• [REQUIRED WORK]
Beginning with the line that holds "Cut Grade ..... Excellent", write out each line exactly as it stands until the end of the data, and include no pictures.

• [DATA FOR THIS EXERCISE]
::::::::::
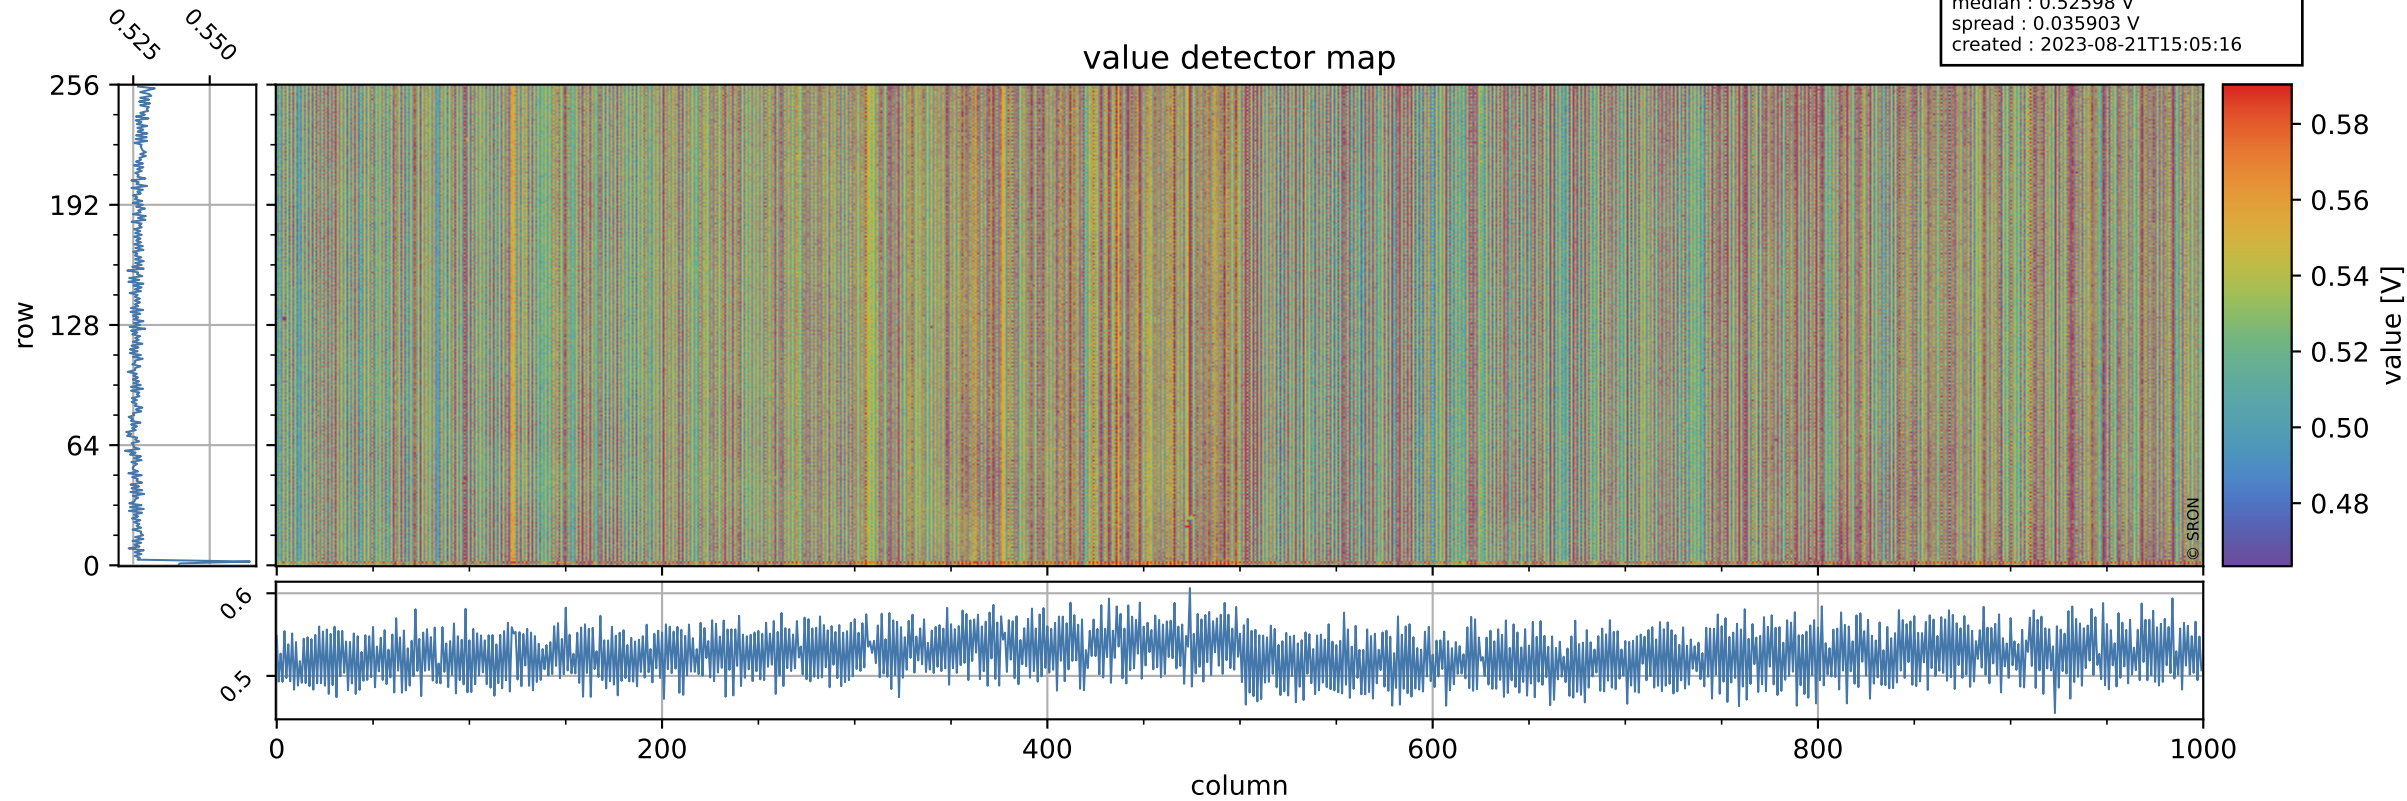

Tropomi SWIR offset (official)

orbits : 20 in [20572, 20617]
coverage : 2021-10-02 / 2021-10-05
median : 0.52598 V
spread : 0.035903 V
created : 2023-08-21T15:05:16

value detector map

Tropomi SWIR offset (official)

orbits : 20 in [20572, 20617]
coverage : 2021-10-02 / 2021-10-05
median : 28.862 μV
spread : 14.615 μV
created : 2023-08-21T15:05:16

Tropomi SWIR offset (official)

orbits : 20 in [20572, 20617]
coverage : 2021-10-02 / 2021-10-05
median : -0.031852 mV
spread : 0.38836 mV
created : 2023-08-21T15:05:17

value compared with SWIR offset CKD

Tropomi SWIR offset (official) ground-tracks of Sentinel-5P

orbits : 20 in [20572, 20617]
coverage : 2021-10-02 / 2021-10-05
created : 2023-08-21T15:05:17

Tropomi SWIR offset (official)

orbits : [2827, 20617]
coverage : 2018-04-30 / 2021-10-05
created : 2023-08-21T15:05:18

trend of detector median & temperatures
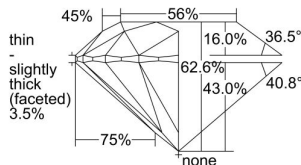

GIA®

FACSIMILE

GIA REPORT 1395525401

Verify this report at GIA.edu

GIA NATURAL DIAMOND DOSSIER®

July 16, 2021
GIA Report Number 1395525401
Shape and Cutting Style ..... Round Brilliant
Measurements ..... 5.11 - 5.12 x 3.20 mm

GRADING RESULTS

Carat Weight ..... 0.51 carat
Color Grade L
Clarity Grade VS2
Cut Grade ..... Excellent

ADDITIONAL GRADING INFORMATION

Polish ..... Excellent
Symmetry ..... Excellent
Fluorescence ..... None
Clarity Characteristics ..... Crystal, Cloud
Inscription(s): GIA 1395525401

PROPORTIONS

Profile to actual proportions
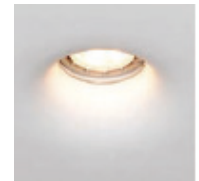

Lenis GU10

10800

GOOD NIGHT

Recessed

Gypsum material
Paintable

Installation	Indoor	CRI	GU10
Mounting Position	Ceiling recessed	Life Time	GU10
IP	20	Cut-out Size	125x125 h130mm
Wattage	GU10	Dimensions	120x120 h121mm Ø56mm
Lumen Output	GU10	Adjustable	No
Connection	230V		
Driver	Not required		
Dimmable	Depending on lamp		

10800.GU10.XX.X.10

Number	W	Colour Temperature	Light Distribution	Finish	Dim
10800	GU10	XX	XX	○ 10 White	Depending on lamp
::::::::::
• [SOLVED EXERCISE]
Cut Grade ..... Excellent

ADDITIONAL GRADING INFORMATION

Polish ..... Excellent
Symmetry ..... Excellent
Fluorescence ..... None
Clarity Characteristics ..... Crystal, Cloud
Inscription(s): GIA 1395525401

PROPORTIONS

Profile to actual proportions

Lenis GU10

10800

GOOD NIGHT

Recessed

Gypsum material
Paintable

Installation	Indoor	CRI	GU10
Mounting Position	Ceiling recessed	Life Time	GU10
IP	20	Cut-out Size	125x125 h130mm
Wattage	GU10	Dimensions	120x120 h121mm Ø56mm
Lumen Output	GU10	Adjustable	No
Connection	230V		
Driver	Not required		
Dimmable	Depending on lamp		

10800.GU10.XX.X.10

Number	W	Colour Temperature	Light Distribution	Finish	Dim
10800	GU10	XX	XX	○ 10 White	Depending on lamp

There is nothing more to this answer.